* **Stored data**
☆ ☆ ☆ ☆ ☆
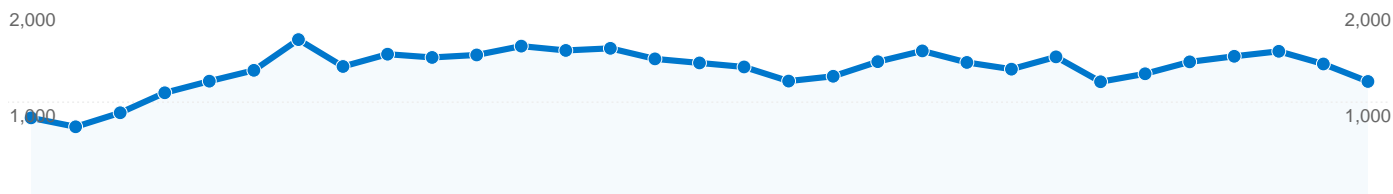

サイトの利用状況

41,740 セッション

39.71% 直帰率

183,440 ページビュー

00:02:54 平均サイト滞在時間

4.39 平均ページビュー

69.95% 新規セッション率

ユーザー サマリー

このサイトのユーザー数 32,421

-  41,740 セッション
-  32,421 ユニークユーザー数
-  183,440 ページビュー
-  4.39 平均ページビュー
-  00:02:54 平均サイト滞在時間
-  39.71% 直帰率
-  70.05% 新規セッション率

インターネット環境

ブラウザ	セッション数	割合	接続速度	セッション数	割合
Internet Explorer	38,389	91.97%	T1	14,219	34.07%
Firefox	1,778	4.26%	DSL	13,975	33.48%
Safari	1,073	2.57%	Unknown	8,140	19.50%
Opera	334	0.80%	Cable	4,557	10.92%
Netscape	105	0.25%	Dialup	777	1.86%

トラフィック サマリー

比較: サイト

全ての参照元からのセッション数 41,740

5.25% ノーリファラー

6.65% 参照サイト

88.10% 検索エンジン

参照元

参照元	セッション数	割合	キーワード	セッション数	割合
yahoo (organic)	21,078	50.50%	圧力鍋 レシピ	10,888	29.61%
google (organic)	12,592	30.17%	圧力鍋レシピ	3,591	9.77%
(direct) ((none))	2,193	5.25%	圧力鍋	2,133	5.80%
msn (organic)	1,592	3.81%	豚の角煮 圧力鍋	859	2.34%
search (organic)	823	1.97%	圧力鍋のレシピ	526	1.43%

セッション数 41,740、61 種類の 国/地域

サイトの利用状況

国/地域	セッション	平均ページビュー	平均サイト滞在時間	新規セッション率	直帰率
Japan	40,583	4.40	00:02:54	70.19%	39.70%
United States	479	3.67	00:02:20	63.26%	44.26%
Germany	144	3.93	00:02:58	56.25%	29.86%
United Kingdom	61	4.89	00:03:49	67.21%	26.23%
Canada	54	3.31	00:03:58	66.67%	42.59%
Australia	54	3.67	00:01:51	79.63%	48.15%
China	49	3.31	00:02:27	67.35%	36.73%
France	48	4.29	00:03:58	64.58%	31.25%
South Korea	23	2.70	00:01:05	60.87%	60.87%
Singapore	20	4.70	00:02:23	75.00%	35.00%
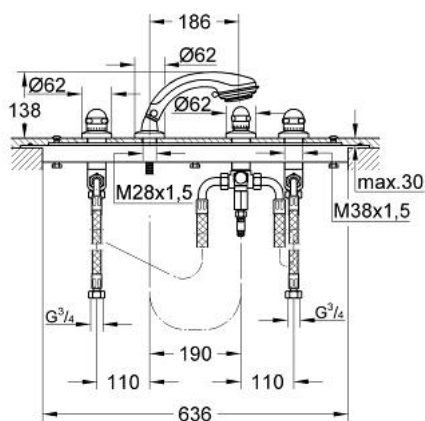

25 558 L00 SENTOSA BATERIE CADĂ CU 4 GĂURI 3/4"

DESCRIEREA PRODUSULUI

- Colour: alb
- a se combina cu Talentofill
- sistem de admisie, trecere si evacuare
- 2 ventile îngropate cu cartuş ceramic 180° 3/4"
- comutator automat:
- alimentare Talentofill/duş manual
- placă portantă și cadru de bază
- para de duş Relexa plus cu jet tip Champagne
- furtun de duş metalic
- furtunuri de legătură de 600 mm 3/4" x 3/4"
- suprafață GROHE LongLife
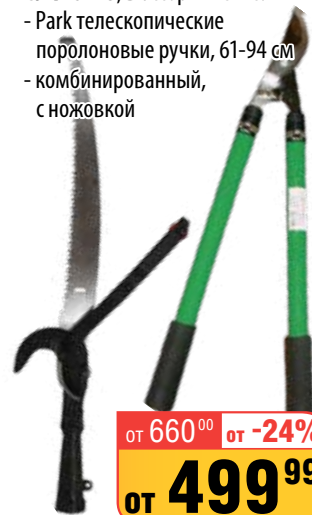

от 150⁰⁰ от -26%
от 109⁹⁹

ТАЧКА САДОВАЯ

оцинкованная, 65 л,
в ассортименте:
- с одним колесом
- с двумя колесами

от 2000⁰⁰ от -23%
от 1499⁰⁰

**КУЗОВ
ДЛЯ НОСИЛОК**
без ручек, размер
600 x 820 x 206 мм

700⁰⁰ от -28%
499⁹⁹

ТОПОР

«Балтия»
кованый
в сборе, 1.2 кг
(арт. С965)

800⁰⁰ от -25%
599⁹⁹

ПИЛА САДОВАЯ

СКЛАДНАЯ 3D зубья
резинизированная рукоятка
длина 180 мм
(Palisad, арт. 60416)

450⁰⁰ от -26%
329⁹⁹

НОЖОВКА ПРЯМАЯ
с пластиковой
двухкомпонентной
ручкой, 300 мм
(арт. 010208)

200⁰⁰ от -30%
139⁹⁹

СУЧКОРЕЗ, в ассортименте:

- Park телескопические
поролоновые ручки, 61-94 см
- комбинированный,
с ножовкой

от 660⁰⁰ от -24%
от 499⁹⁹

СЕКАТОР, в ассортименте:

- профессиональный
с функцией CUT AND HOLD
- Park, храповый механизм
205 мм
☆ ☆ ☆ ☆ ☆
* **Work task**
The answer must be the line containing "от 660⁰⁰ от -24%" and every line after it through the end of the records, repeated exactly.

* **Result for this exercise**
от 660⁰⁰ от -24%
от 499⁹⁹

СЕКАТОР, в ассортименте:

- профессиональный
с функцией CUT AND HOLD
- Park, храповый механизм
205 мм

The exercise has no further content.